My suspicions were confirmed as her predictable behaviour began to manifest once again as the group assembled in the corner of the classroom.

"Should we start by sharing - "

"I already shared the slides," Julie interrupted a horrified Arielle with that curt line, "Y'all can check your emails."

And, indeed, as quick as lightning, we had all received a new shared document owned by Julie, as I clicked into the template, no doubt a fancy one from Slides Carnival, Julie began to chatter away about her Big Plans.

"Okay, so guys, I was thinking we should try our best to complete it over the weekend once all the tests are over so that we don't wait till the last minute and begin rushing. I've already assigned the parts; they are in the slides. Would that be fine with all of you?"

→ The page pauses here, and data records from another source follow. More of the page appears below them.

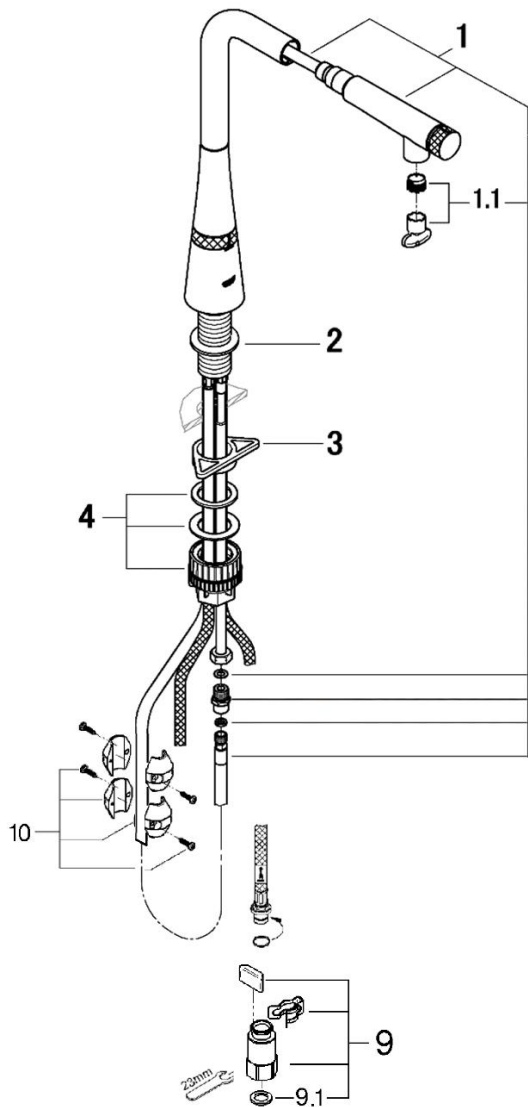

本製品は製販売時期により仕様が異なります。 1/2
交換部品をご購入の際はご注意ください。

2022年販売品

品番	31006_31006K_31023_2625100J
品名	ゼドラスmartコントロール スマートコントロールキッチン混合栓(ヘッド引出タイプ)
販売期間	2022年6月～

図番	名称	品番	価格	旧品番
1	ゼドラスマコンハンドシャワー	※ 48487DC0		
1.1	Atrioキッチン用ストレーナー	48470000	2,600	
2	21090用スポンジ糊付	JPQ30500	800	
3	LL用三角補強板(旧0533400W)	41186900W	2,000	
4	クイックフィックス締付セット	48477000	3,400	
9	ストレーナー付逆止弁	JPK62300	11,000	
9.1	1/2"スーパーパッキン	FP-01	500	
10	シート付おもり	※ A-11843		

【部品1について】

スプレー、ホースのセットです。
スプレーヘッドと引出しホースが接着されています。
ホース、スプレーヘッドを交換の際は、部品1番をご購入下さい。

【部品10について】

販売時期により部品が異なります。
右図の部品は廃番です。
交換の際はA-11843を2個ご使用ください。

旧部品(廃番です)

1) ※印は受注発注品となります。

2) 輸入製品の特性上予告なく部品の品番や価格・仕様が変更したり廃番になる場合があります。

3) ご発注時に品切れの部品は、ドイツ本国の在庫状況により受注後4～5ヶ月後の納入になる場合もあります。

本製品は製販売時期により仕様が異なります。 2/2
交換部品をご購入の際はご注意ください。

2023年販売品

品番	31006_31006K_31023_2625100J
品名	ゼドラスマートコントロール スマートコントロールキッチン混合栓(ヘッド引出タイプ)
販売期間	2022年6月～

図番	名称	品番	価格	旧品番
1	ゼドラスマコンハンドシャワー	※ 48487DC0		
1.1	Atrioキッチン用ストレーナー	48470000	2,600	
2	21090用スポンジ糊付	JPQ30500	800	
3	LL用三角補強板(旧0533400W)	41186900W	2,000	
4	アトリオ2018締付セット	※ 48384000	3,300	
9	ストレーナー付逆止弁	JPK62300	11,000	
9.1	1/2"スーパーパッキン	FP-01	500	
10	シート付おもり	※ A-11843		

【部品1について】

スプレー、ホースのセットです。
スプレーヘッドと引出しホースが接着されています。
ホース、スプレーヘッドを交換の際は、部品1番をご購入下さい。
2023年以降販売の製品は1“ゼドラスマコンノズル+ホースセット”交換時、
同梱されているニップルは不要です。
ニップルを破棄していただき、袋ナットとホースねじ部を接続してください。

【部品10について】

販売時期により部品が異なります。
右図の部品は廃番です。
交換の際はA-11843を2個ご使用ください。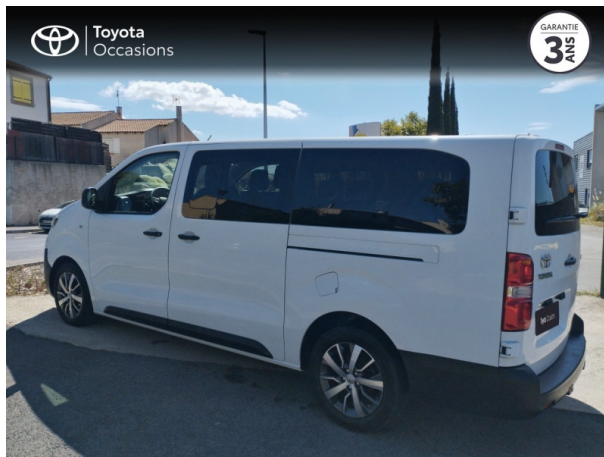

TOYOTA PROACE VERSO LONG 1.5 120 D-4D DYNAMIC MY20 D'OCCASION

Occasion TOYOTA ProAce Verso

Long 1.5 120 D-4D Dynamic MY20

Toyota Montpellier

04 67 67 22 22

Prix :

27 990 €

Un crédit vous engage et doit être remboursé. Vérifiez vos capacités de remboursement avant de vous engager.

Caractéristiques du véhicule

- Kilométrage : 68 400 km
- Puissance réelle : 120 ch
- Énergie : Diesel
- Boîte de vitesse : Manuelle
- Carrosserie : Minibus
- Nombre de portes : 5 portes
- Année : 2020
- Puissance fiscale : 6 CV
- Couleur : Blanc Banquise opaque
- Garantie : Label Toyota Occasions 36 mois TFR 36 mois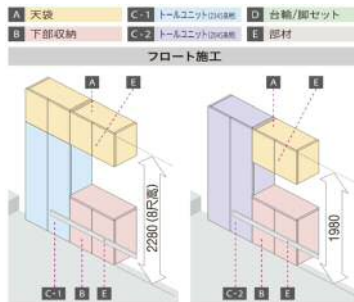

DAIKEN

帳票印刷日:

2025/02/25

見積No.: B1EES201

件名: 板橋区西台2丁目分譲2 エス 新

玄関収納

ハピア 玄関収納 036

住宅用

玄関収納

機能的で心地いい玄関を実現する玄関収納ユニット

設置スタイル

セットオン施工

機能的でベーシックな設置方法です。

フロート施工

浮いて見えるフロート施工で、モダンな空間を演出。

●写真は印刷のため実物の色や材質感と異なる場合があります。実物サンプルでお確かめください。●天然木・シート化粧の製品はそれぞれ木目・色調が異なります。ご了承ください。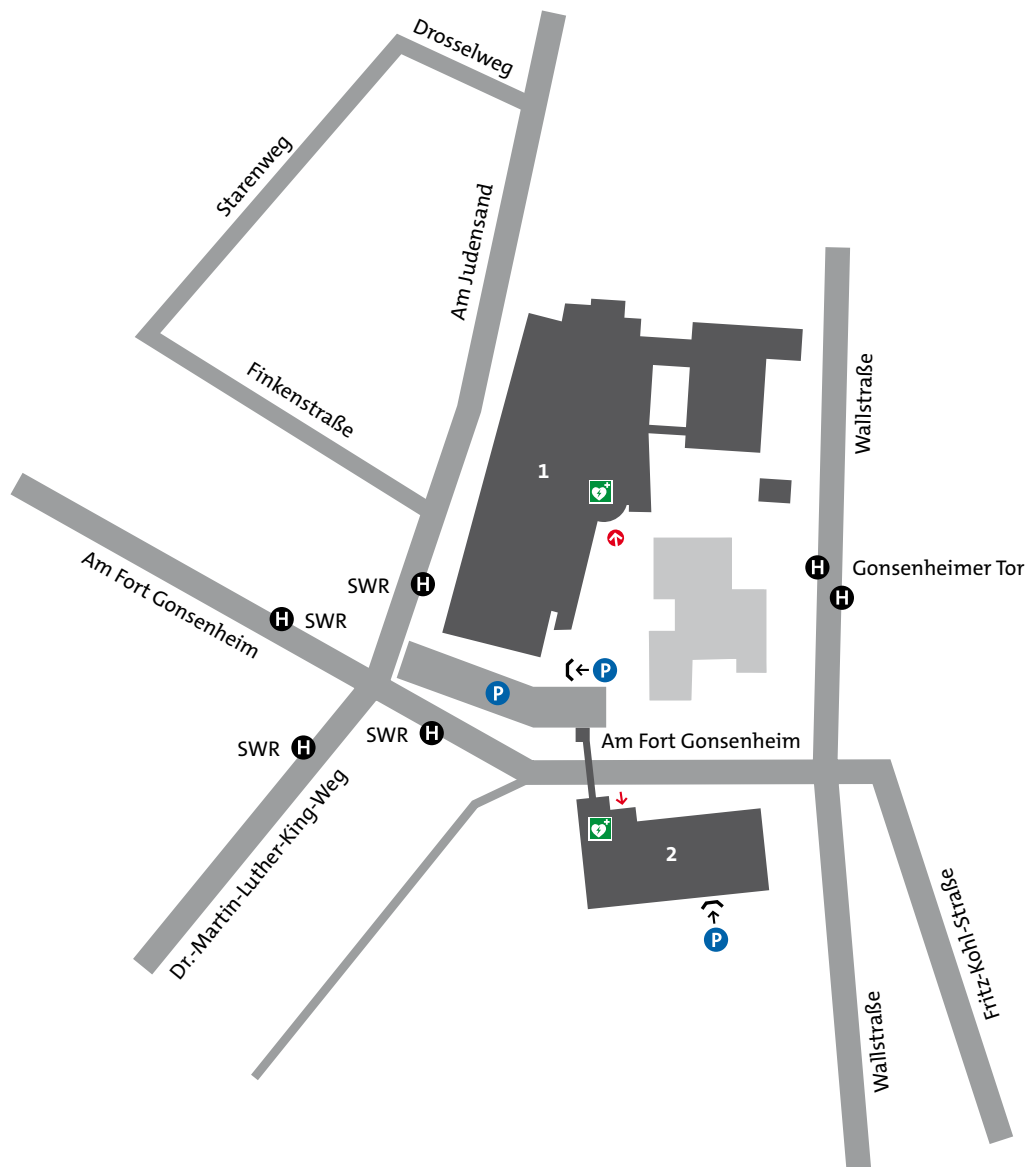

DETAILPLAN SWR GELÄNDE

SWR MAINZ

Am Fort Gonsenheim 139
55122 Mainz

Postanschrift:
Postfach 3740
55027 Mainz

Telefon 06131 929 0
Telefax 06131 929 32050

SWR.de

- ➔ Haupteingang
- 📍 Defibrillator
- P Parkplatz
- ➔ Tiefgarage
- H Haltestelle

- 1 Haus am Wall
- 2 Haus am Tor

IHR WEG ZU UNS

LAGEPLAN
SWR MAINZ

ANFAHRTSWEGE ZUM SÜDWESTRUNDFUNK

Anreise mit dem Auto

A61 aus Richtung Ludwigshafen: Abfahrt Alzeyer Kreuz

- A63 Abfahrt Kreuz Mainz Süd
- A60 Richtung Bingen/Koblenz
- Abfahrt Innenstadt/Saarstraße

A60, Abfahrt Innenstadt/Saarstraße

- Abfahrt SWR
- an der Brückenkreuzung, links über die Brücke
- Dr. Martin-Luther-King-Weg
- Kreuzung Am Fort Gonsenheim: SWR

A66 aus Richtung Wiesbaden/Frankfurt

- A643 Schiersteiner Brücke
- Abfahrt Innenstadt/Mainz-Mombach
- Haupttrichtung SWR

Fußweg ca. 15 Gehminuten vom Hauptbahnhof

SWR STANDORT MAINZ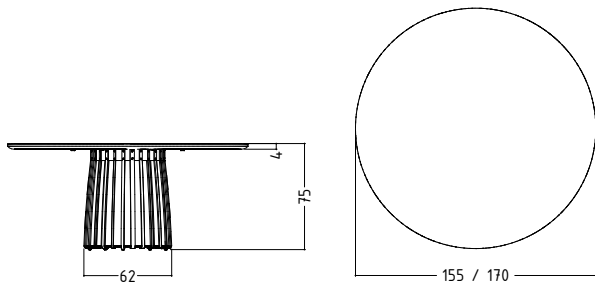

BC 07 Basket Rund / Round

Maße (L x B x H) / Dimensions (L x W x H):

- 110 x 75 cm
- 125 x 75 cm
- 140 x 75 cm
- 155 x 75 cm
- 170 x 75 cm
- 185 x 75 cm
- 200 x 75 cm

mit Kieselkante / with Pebble edge

Drehteller separat erhältlich in Stein, Holz und HPL.
Turntable available separately in stone, wood and HPL.

BC 07 Basket Quadratisch / Square

Maße (L x B x H) / Dimensions (L x W x H):

- 110 x 110 x 75 cm
- 125 x 125 x 75 cm
- 140 x 140 x 75 cm
- 155 x 155 x 75 cm
- 170 x 170 x 75 cm
- 185 x 185 x 75 cm
- 200 x 200 x 75 cm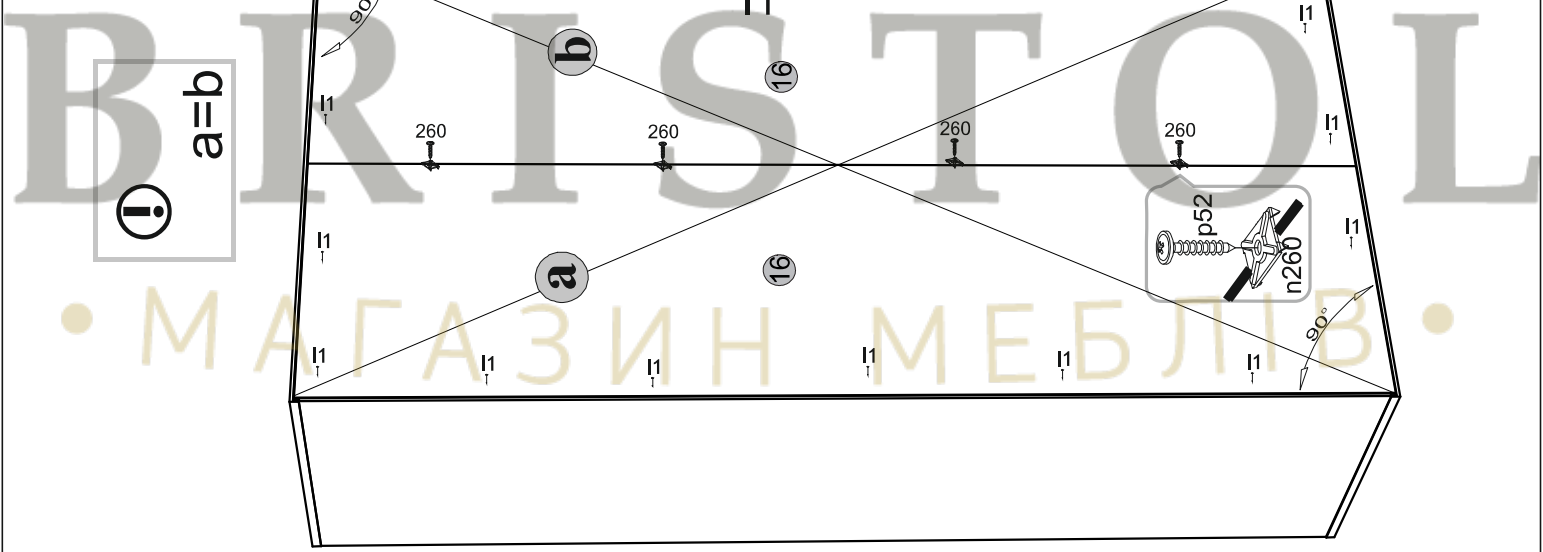

В КРИСТОЛ
• МАГАЗИН МЕБЛІВ •

Annabelle seemed both mortified and confused by Julie's efficiency as she said in flustered tones, "But... but isn't the project due next next week? It's just two poems... we have time, don't we?"

"Yeah, Jules," Sarah nudged her, "We have time, there won't be any tests in the upcoming weeks. I love you, but sometimes, you really need to chill."

Wow, bold move.

The next thing that Julie said, though subtle, was a warning that anyone who understood underlying drama could perceive as she looked Sarah in the eye. "I think we should still try to do it ASAP so that we have sufficient time to check through before the final presentation. Also, it's on the schedule that there's a Biology quiz on the due date of this assignment. It may be ungraded, but I think we'd all like to have sufficient time to revise."

Big oof. I thought ungraded quizzes were supposed to be chill... but of course, it's Julie.

Upon hearing the ultimatum, Sarah dropped her head slightly and gulped visibly. Annabelle, Arielle and I just watched the exchange, understanding that Sarah had made a grave mistake in terms of social standing. She questioned her leader's decision - the girl who had control over her social status , the ultimate triad boss of the Intellectuals. The Intellectuals, from what I observed, were free of any emotional attachment and were merely a congregation of bright minds in a partnership to earn good grades together, meaning everything was measured by grades and subservience, yet with a decent level of leadership.

Julie's eyes remained cold, dark and narrowed... but she eventually softened her expression, evidently choosing to provide leeway due to Sarah's higher internal rank and her recent success in getting a mention in class, "Sorry, Sarah. I... I've done the 'intense' thing again, haven't I?"

And there, goody-two-shoes facade again. Oh God, Julie. Just- stop!

"Oh, Julie, it's okay, I know I came off as not taking it seriously, and I'm sorry for that, too," her second-in-command assured, smiling with gratitude upon realising her chance to redeem herself. Arielle added, "Yeah, Julie, it's fine, life tends to get to everyone once in a while. School, specifically." All in the span of a minute, it seemed that a conflict had been resolved - with Julie back into her school project focus mode as we all laughed it off.

Sarah and Annabelle were just fighting for basic human rights - but of course, life is a game of Follow the Leader.

Obedience or suffering.

It wasn't fair. None of it was.

And what annoyed me in particular was how she unsheathed her mask in that moment, and everyone chose to ignore it because she was Julie Quinton. That mask, that veil of perfection was hiding a bitter, overly-competitive, creepy girl, while pretending to be nice and sweet.

Oh, and how she chose to invite me to her table last year, all because she wanted... what? Plus points for being nice to me, a problematic figure, while she and her group dropped all pretense of kindness when my ass was in the chair?

As the project discussions continued, my eyes fell upon Julie - and I decided she was the one.

The next person whose glass throne I'd shatter, the final person before I left the school for good, one final fix.

And I already had one reckless idea about how it'd go down.